Setup: working with the code in this article

I care about your learning process. To make sure that all the relevant resources and tools are available to you immediately, I’m providing a virtual machine image that you can download, import and run on any host capable of running VirtualBox (https://www.virtualbox.org/wiki/Downloads). Throughout this article, I’m going to assume that you’re executing the code provided in the VM. This way you won’t have to worry about installing the various tools on your pc. It also allows us to be more playful inside of the VM than if it was your host OS.

Before you get started, you need to import the virtual machine image into VirtualBox. To do that, you’ll complete the following steps:

  1. Download the VM image
  1. Go to https://github.com/seeker89/chaos-engineering-in-action
  2. Click on “releases”
  3. Find the latest release
  4. Download, verify and decompress the VM archive following release notes
  1. Install VirtualBox by following instructions at https://www.virtualbox.org/wiki/Downloads
  1. Import the VM image into VirtualBox:
  1. In VirtualBox, click File->Import Appliance
  2. Pick the VM image file you downloaded and unarchived
  3. Follow the wizard until completion
  1. Configure the VM to your taste (and resources):
  1. In VirtualBox, Right click your new VM and choose Settings
  2. In General -> Advanced -> Shared Clipboard check Bidirectional
  3. In System -> Motherboard choose 4096 MB of Base Memory
  4. In Display -> Video Memory choose at least 64MB
  5. In Display -> Remote Display uncheck Enable Server
  6. In Display -> Graphics Controller choose what VirtualBox recommends
  1. Start the VM and log in
  1. The username and password are both ‘chaos’

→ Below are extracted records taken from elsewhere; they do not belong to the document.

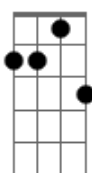

© ukulele-chords.com

Dm7
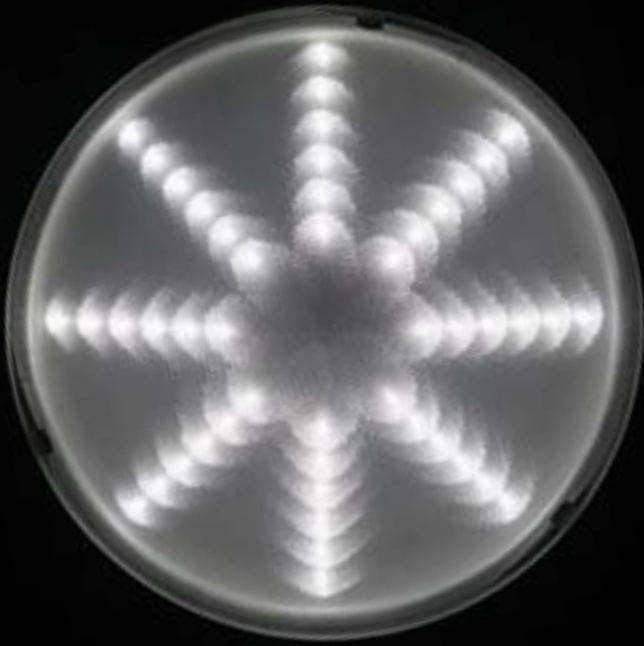

**Einmalig konzipiert —
exklusiv realisiert.**

Die LED-Leuchten überzeugen durch einen geringen Energiebedarf und bieten mit der eingesetzten Elektronik und berechneter LED-Aufteilung eine perfekte Lichtleistung und lange Lebensdauer.

Verschiedene LED-
Optiken für optimale
Lichtleistungen:
Oben: Stern
Mitte: Schmetterling
Unten: Fächer
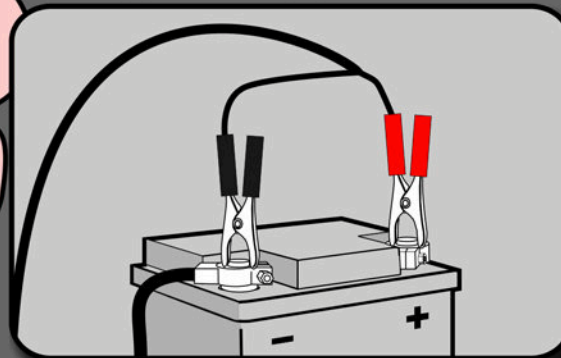

FERVE F-2400

COMPROBADOR DE BATERÍAS Y ALTERNADORES

12 V - 24 V

12 V	%	
< 11.9	< 20%	POOR
12.1	25%	FAIR
12.3	50%	FAIR
12.5	75%	FAIR
12.7	100%	FULL

Manual de instrucciones
totalmente ilustrado

FERVE F-2400

EL COMPROBADOR MÁS PRÁCTICO

PARA TODAS, PARA TODOS

las baterías

los usuarios

DOS TIPOS DE CONEXIÓN:

Toma del encendedor

Directamente en la batería

1:1

Baterías líquidas:
Plomo-ácido, calcio plata
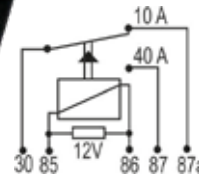

DNI0133

RELAY 4 TERMINALES 12V-30A SIN SOPORTE CON RESISTENCIA (ELÉCTRICA DE COMBUSTIBLE) ORIGINAL POR UNIDAD PARA: VOLKSWAGEN AUDI BMW, FIAT, FORD, GM JOHN DEERE, MITSUBISHI, RENAULT, VOLVO.

DNI0139R

RELAY AUXILIAR INVERSO, CON RESISTENCIA 5 TERMINALES, SIN SOPORTE, CORRIENTE 40/10A.
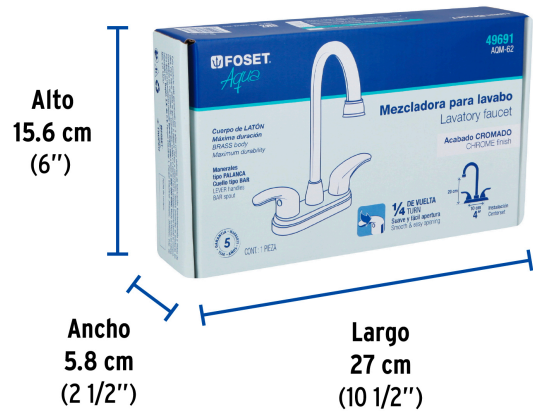

EMPAQUE INDIVIDUAL

Altura (h)	kPa	Presión kgf/cm²	PSI
2.5 m	25	0.25	3.6
3 m	30	0.3	4.2
4 m	40	0.4	5.6
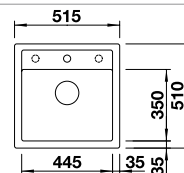

Na montáž v spodnej časti sú potrebné špeciálne upevňovacie prvky.

V dodávke

s excentrickým ovládaním

odtoková armatúra, výpusť so sitkom 3 1/2" s excentrickým ovládaním
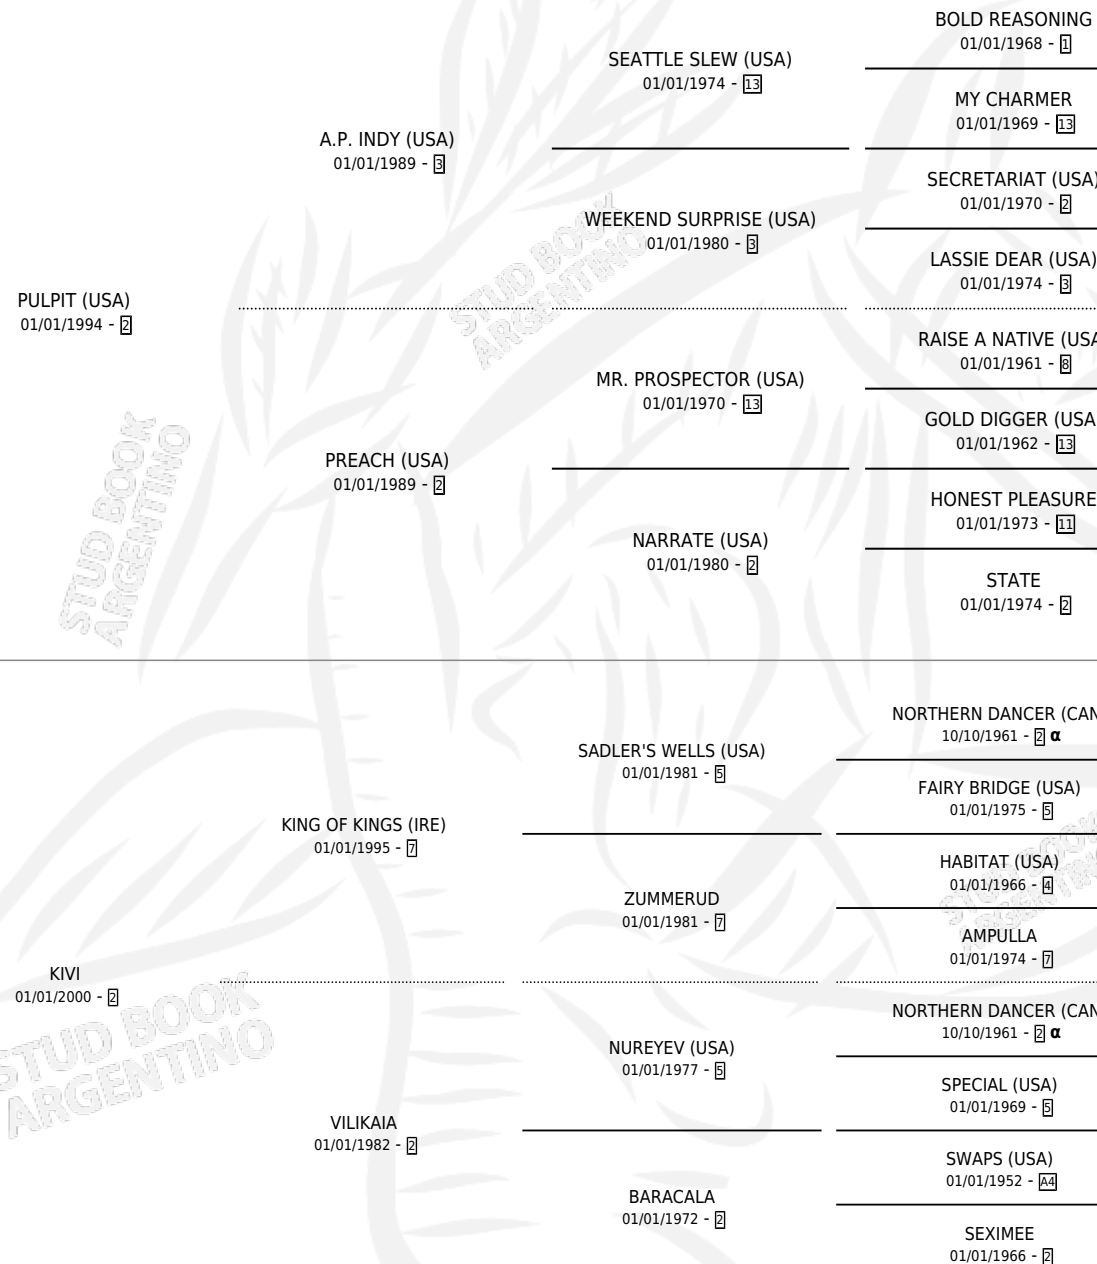

POETFROMTHEPULPIT (USA)

por PULPIT (USA) y KIVI por KING OF KINGS (IRE)

Estados Unidos · Hembra · Zaino · SP · 21/04/2008
Familia 2-s · Volumen web

ESTADO

TIPIFICACIÓN SANGUÍNEA	X
TIPIFICACIÓN POR ADN	✓
PASAPORTE	✓
IDENTIFICACIÓN POR MICROCHIP	✓
REPRODUCTOR	✓

Lugar de nacimiento: Estados Unidos

Criador: Extranjero

~

HIJOS

	MACHOS	HEMBRAS
7 NACIERON	3	4
5 CORRIERON	1	4
3 GANARON	0	3
0 GANADORES CL	0 GANADORES GR	0 GANADORES G1

PEDIGREE

INBREEDING : α

This is it! The VM comes with all the source code needed and all the tools pre-installed. The versions of the tools match the ones I used in the text of this article. All of the source code, including the code used to prebuild the VM, can be found at https://github.com/seeker89/chaos-engineering-in-action. Once you’ve completed these steps, you should be able to follow everything. If you find any issues, feel free to create an issue on that GitHub repo. Let’s get to the meat of it by introducing an ironically realistic scenario!

Scenario

A client is having trouble with their latest product: their early clients are complaining that the product sometimes doesn’t work, but when the engineers test it, it seems fine. As a growing authority in the chaos engineering community you agree to help them track and fix the issue they are facing. Challenge accepted.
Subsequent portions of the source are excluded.